Give the line containing "Waschtisch 55 cm ohne Hahnloch / ohne" again, exactly, along with all later lines of the entries, through the last one.

*** Records for the task ***

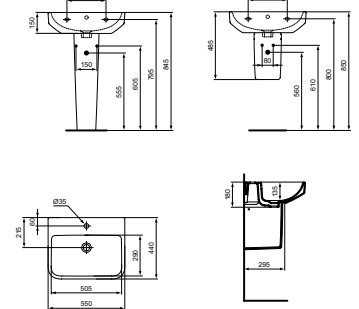

WASCHTISCH 55 CM

MODELL	ART.-NR.
Waschtisch 55 cm mit Hahnloch / mit Überlauf , Weiß (Alpin)	T460801
Waschtisch 55 cm mit Hahnloch / mit Überlauf , Weiß (Alpin) mit Ideal Plus	T4608MA
Waschtisch 55 cm ohne Hahnloch / mit Überlauf , Weiß (Alpin)	T533601
Waschtisch 55 cm mit Hahnloch / ohne Überlauf , Weiß (Alpin)	T534401
Waschtisch 55 cm ohne Hahnloch / ohne Überlauf , Weiß (Alpin)	T534001

- Optionales Zubehör: Halbsäule T534601

***

== Result of the exercise ==
Waschtisch 55 cm ohne Hahnloch / ohne Überlauf , Weiß (Alpin)	T534001

- Optionales Zubehör: Halbsäule T534601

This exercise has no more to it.